* _Problem to work on_: Filter the listing and keep only the lines with the word "estructura".

* _Extracted information_:
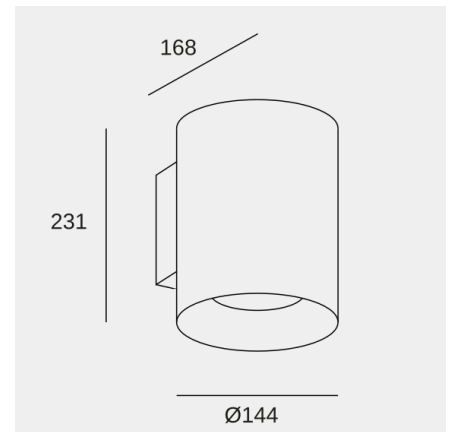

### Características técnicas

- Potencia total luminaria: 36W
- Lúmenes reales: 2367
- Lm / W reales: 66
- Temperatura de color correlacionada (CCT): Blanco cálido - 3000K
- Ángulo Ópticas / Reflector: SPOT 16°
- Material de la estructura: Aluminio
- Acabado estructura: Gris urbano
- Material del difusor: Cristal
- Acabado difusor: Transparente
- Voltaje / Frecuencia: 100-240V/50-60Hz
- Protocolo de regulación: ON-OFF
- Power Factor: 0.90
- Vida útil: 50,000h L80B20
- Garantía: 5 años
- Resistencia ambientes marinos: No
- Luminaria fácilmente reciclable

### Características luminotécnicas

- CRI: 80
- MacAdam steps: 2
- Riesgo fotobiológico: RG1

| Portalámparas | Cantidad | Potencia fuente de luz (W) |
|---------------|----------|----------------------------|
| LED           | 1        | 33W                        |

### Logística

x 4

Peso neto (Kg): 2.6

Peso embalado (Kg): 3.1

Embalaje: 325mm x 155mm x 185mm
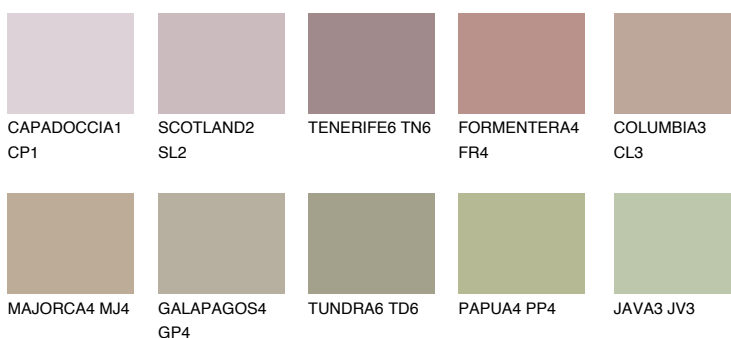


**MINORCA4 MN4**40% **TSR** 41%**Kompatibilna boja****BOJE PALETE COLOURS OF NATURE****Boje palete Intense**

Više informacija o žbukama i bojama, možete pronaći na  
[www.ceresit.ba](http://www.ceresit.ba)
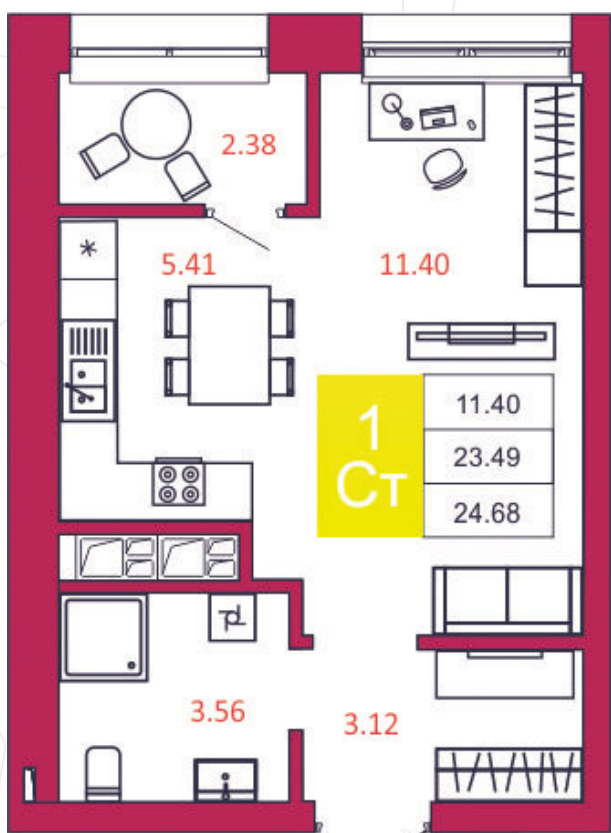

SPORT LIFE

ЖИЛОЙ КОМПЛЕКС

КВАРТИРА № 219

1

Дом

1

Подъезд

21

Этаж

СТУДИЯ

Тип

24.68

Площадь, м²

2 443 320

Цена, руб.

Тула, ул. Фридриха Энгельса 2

* _Solution for this exercise_:
- Material de la estructura: Aluminio
- Acabado estructura: Gris urbano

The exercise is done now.